PROBLEM REQUIREMENTS
Pick each line containing the word "Chapel" out of the data below.

DATA SHOWN
++++++++++++++++++++

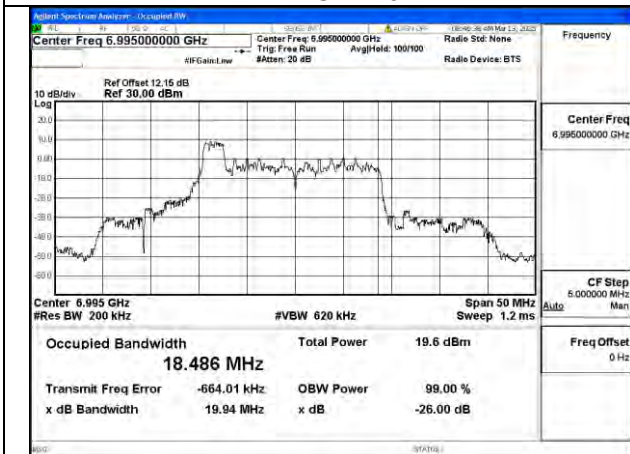

Mode:802.11ax HE20 26T Frequency:6995MHz Ant:Chain1

Test Mode: 802.11ax HE40
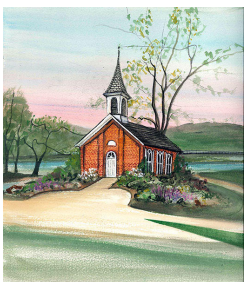

Springtime At The Chapel
$75.00
Iowa City, IA
Brick church with steeple and water
and hill behind it.
Danforth Chapel. a charming 1950's
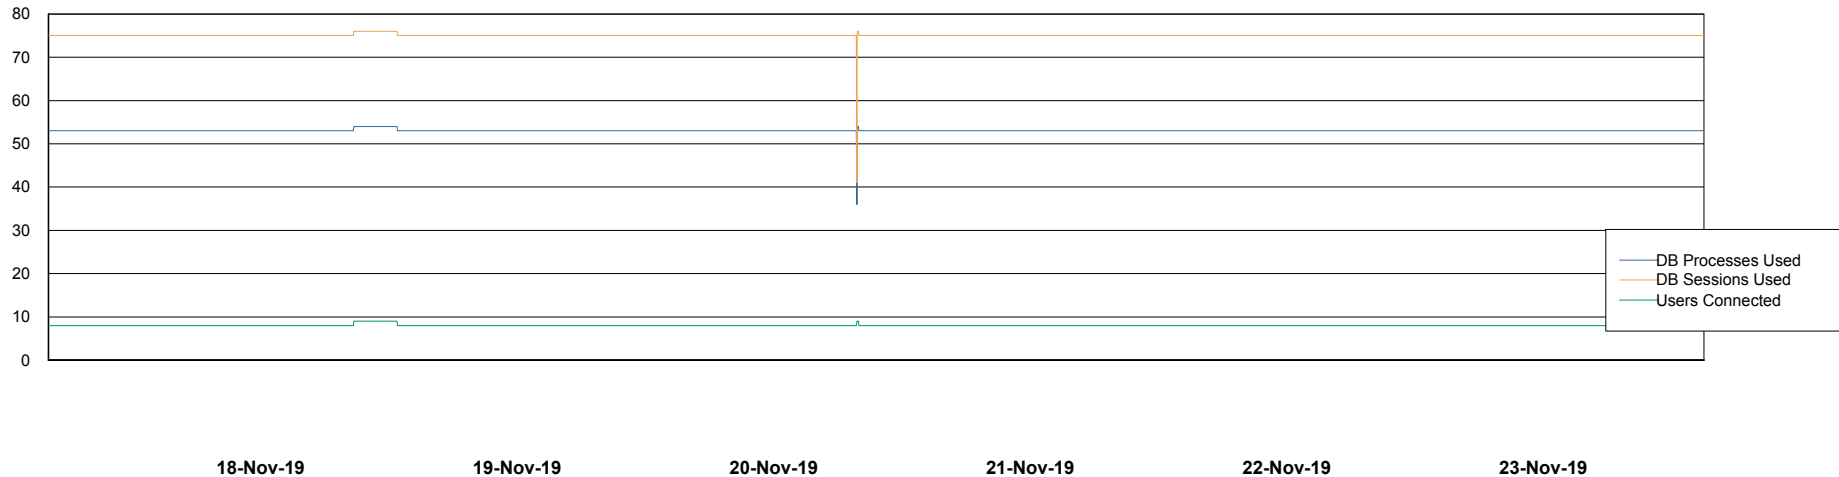

Weekly SLA Customer Report

Customer DFD Production
Database ID 39

Database Performance DFDDB_Production

DB Processes Max 600
DB Sessions Max 928

Weekly SLA Customer Report

Customer DFD Production
Database ID 39

Database Performance DFDDDB_Standby

DB Processes Max 600
DB Sessions Max 928

Weekly SLA Customer Report

Customer DFD Production
Database ID 39

Database Performance DFDDDBI_Production

DB Processes Max 500
DB Sessions Max 772
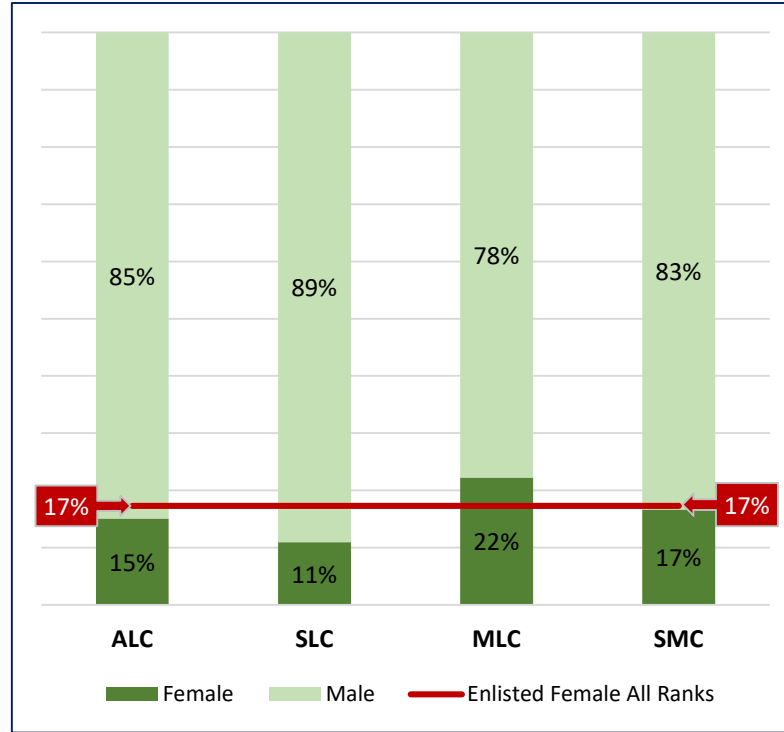

GENDER

	ALC	SLC	MLC	SMC
Female	49	23	6	2
Male	276	187	21	10
Total	325	210	27	12
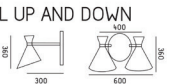

METAL COLLECTION

METAL COLLECTION

GONG COLLECTION

METAL COLLECTION

TEAK COLLECTION

TEAK COLLECTION

TEAK COLLECTION

TEAK COLLECTION

TEAK COLLECTION

SILK COLLECTION
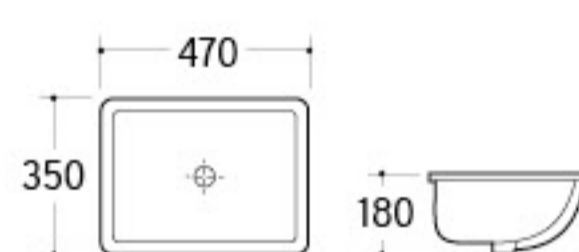

UB-002
Under Counter Basin
Size: 650x450x190mm

UB-004
Under Counter Basin
Size: 490x410x195mm

UB-007
Under Counter Basin
Size: 415x335x190mm

UB-008
Under Counter Basin
Size: 465x380x190mm

UB-009
Under Counter Basin
Size: 470x350x180mm
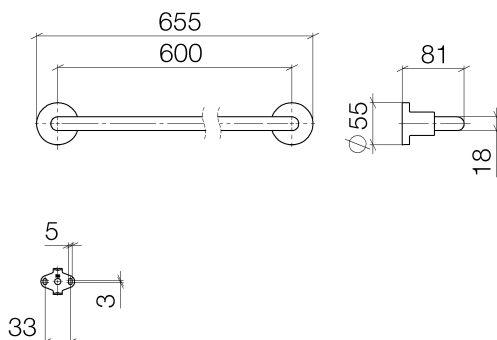

Bathtub - Tara.

Towel bar - polished chrome

Article number: 83 060 892-00

- Center to center 23-5/8"
- Width 25-3/4"
- Height 2-1/8"
- Flange diameter 2-1/8"
- 3-1/4" Projection

polished chrome

## Dimensional drawing

All dimensions in mm / inch = mm x 0,0394

Bathtub - Tara.

Towel bar - polished chrome

Article number: 83 060 892-00

Bathtub - Tara.

Towel bar - polished chrome

Article number: 83 060 892-00

### Spare parts list

Number	Item Number	Designation	Number of units
1	05 28 22 589 00-00	holder	1
2	08 17 89 505-00	holder	2
3	04 31 11 113 00 90	pin	2
4	09 30 11 046 90	disc	2
5	09 30 30 071 90	screw	2
6	05 17 20 739 00 90	fixing set	2
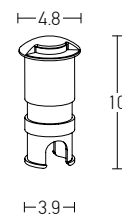

Power 3W
Input 24V
Color Temperature 3000K
Lumen 180Lm
Cri 80
IP 65
IK 10
Dimensions Ø: 4.8cm H: 10cm
Material Aluminium - Stainless Steel- PC Diffuser
Depth Required 111: 13cm
Recessed Mounting Box Included
Recommended Driver D-8-24 (Not Included)
Color Aluminium / **Code E179**
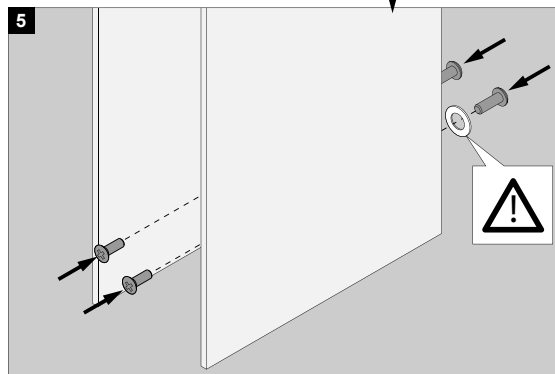

INSTALLATION LUMINAIRE Accessories
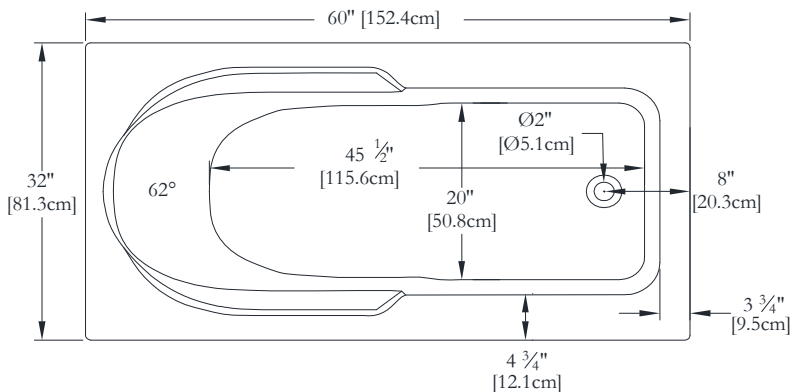

Thetford Mines

TECHNICAL SPECIFICATIONS

Bath name : *Laguna*
 Collection : Elegance Collection
 Dimensions : 60 X 32 X 18 3/4
 Gallon capacity : 33

**INTEGRATED TILE FLANGE AVAILABLE
 KEYPAD UNINSTALLED WHEN ORDERED WITH A
 TILE FLANGE OR A REMOTE CONTROL**

TOP VIEW

LENGTH

WIDTH

* In compliance with CSA standards, all interior bath measurements taken 4" [10 cm] from the floor.

* All measurements are precise to ±1/4" [0.63 cm]. Technical specifications are subject to change without prior notice.

++++++++++++++++++++

ANSWER BELOW
Springtime At The Chapel
Danforth Chapel. a charming 1950's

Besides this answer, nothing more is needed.